**Information provided:**
-=-=-
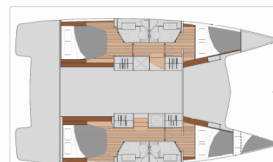

FONTAINE PAJOT ISLA 40

Emirel

Katamarán Fountaine Pajot Isla 40 „Emirel“, postavená v roku 2023, kotví v Rhodes New Marina, – Grécko. Jachta má 4 + 1 kajút, môže ubytovať 8 + 1 + 1 osôb a disponuje 4 toaletami/sprchami.

Emirel

Rok Výroby

2023

Dĺžka

11.93 m

Kabíny

4 + 1

Lôžka
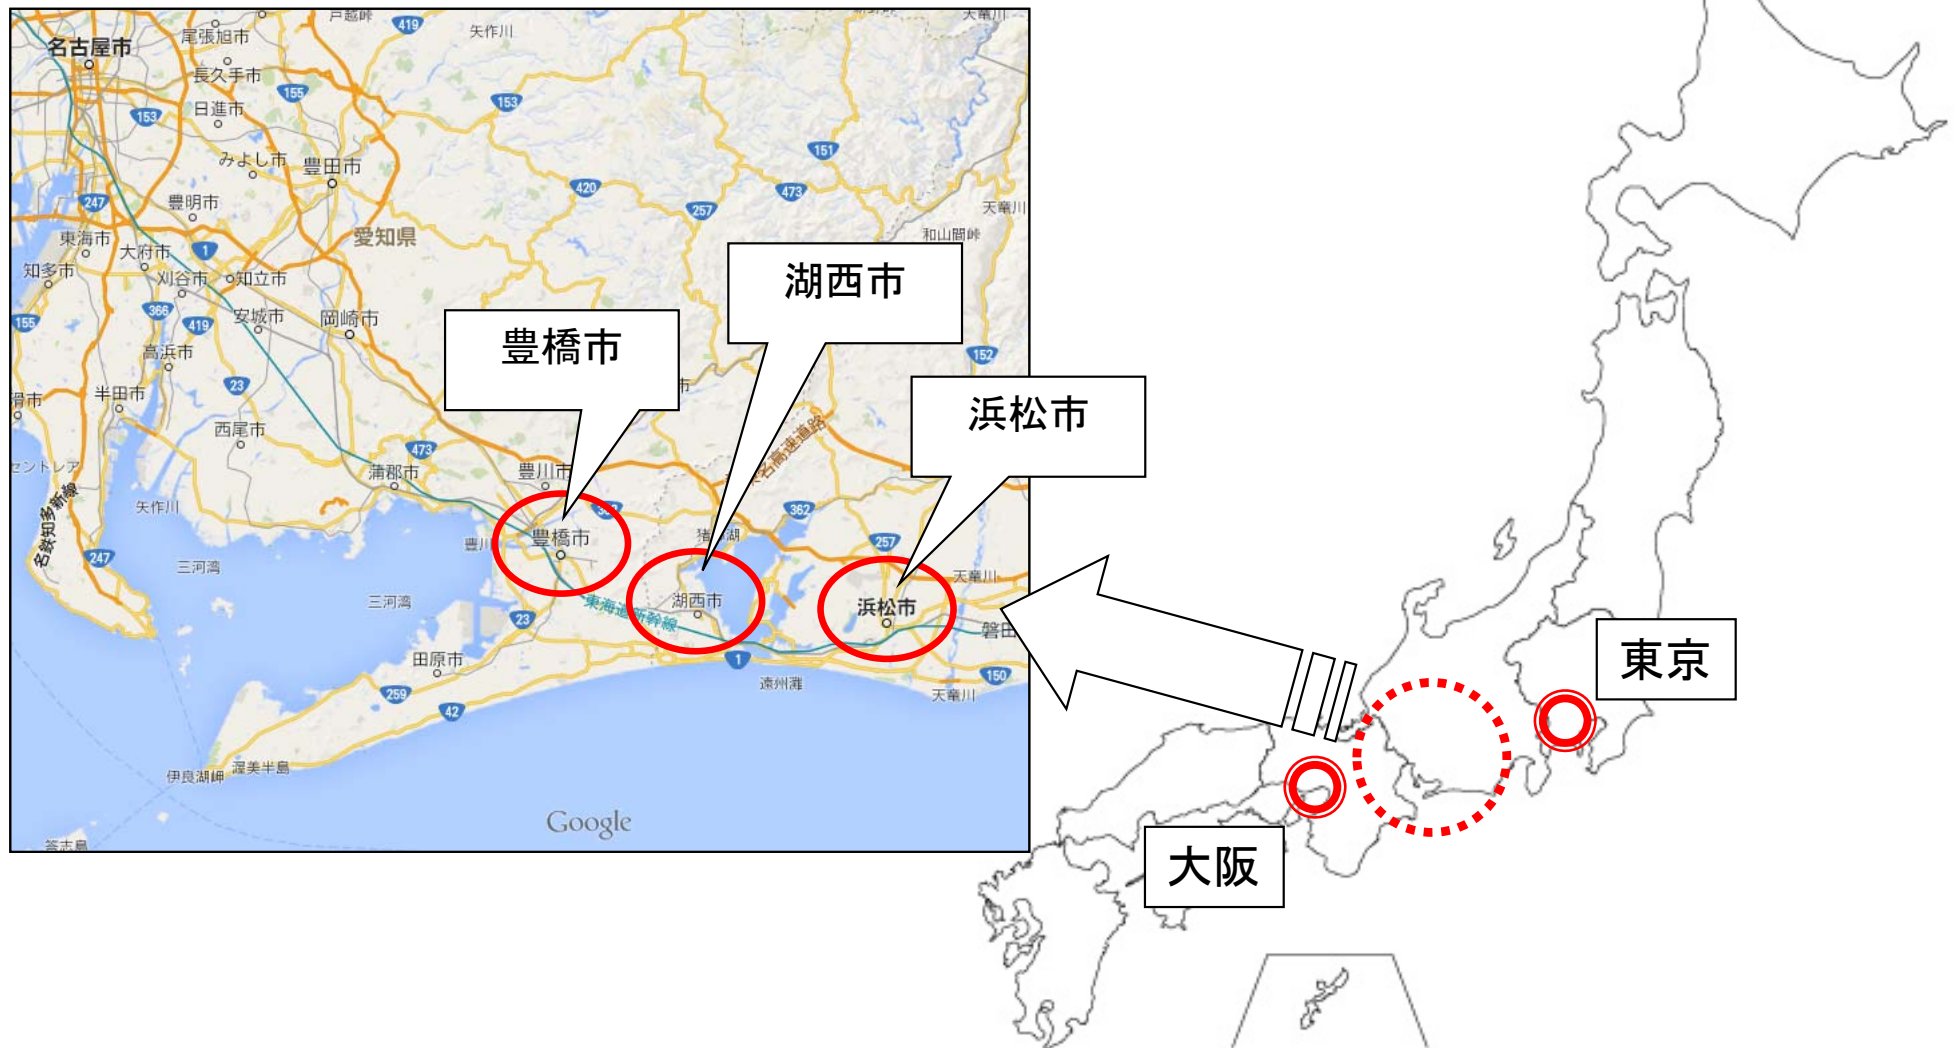

OSSコンソーシアム 東海支部

(株) パドラック 伊藤憲之

主な活動拠点

東京～大阪のちょうど真ん中。
湖西市・浜松市・豊橋市を中心に活動を行っています。

活動趣旨

「東海地方におけるオープンソースソフトウェアの普及および利用促進に向けた活動を行う」

この地域で
OSSを積極的
に活用してい
る？

OSSがあるのに
(無駄な)コスト
をかけていない
？

ユーザ側・開発
側、お互いに
OSSって知って
る？

地域におけるOSSへの潜在性の確認と発見。
& 地域IT意識の活性化を図る。

活動概要

(1) 目的

- ・東海地方におけるオープンソースソフトウェアの普及
および利用促進に向けた活動を行う

(2) 参加対象

- ・オープンソースソフトウェアに興味のある方
- ・オープンソースソフトウェアを利用している方
- ・オープンソースソフトウェアのビジネスを検討している方
- ・オープンソースソフトウェアの情報交換をしたい方
-=-=-
**Task:**
The required output is every line of the data above, set down exactly and stripped of pictures.

**Result of the exercise:**
FONTAINE PAJOT ISLA 40

Emirel

Katamarán Fountaine Pajot Isla 40 „Emirel“, postavená v roku 2023, kotví v Rhodes New Marina, – Grécko. Jachta má 4 + 1 kajút, môže ubytovať 8 + 1 + 1 osôb a disponuje 4 toaletami/sprchami.

Emirel

Rok Výroby

2023

Dĺžka

11.93 m

Kabíny

4 + 1

Lôžka

OSSコンソーシアム 東海支部

(株) パドラック 伊藤憲之

主な活動拠点

東京～大阪のちょうど真ん中。
湖西市・浜松市・豊橋市を中心に活動を行っています。

活動趣旨

「東海地方におけるオープンソースソフトウェアの普及および利用促進に向けた活動を行う」

この地域で
OSSを積極的
に活用してい
る？

OSSがあるのに
(無駄な)コスト
をかけていない
？

ユーザ側・開発
側、お互いに
OSSって知って
る？

地域におけるOSSへの潜在性の確認と発見。
& 地域IT意識の活性化を図る。

活動概要

(1) 目的

- ・東海地方におけるオープンソースソフトウェアの普及
および利用促進に向けた活動を行う

(2) 参加対象

- ・オープンソースソフトウェアに興味のある方
- ・オープンソースソフトウェアを利用している方
- ・オープンソースソフトウェアのビジネスを検討している方
- ・オープンソースソフトウェアの情報交換をしたい方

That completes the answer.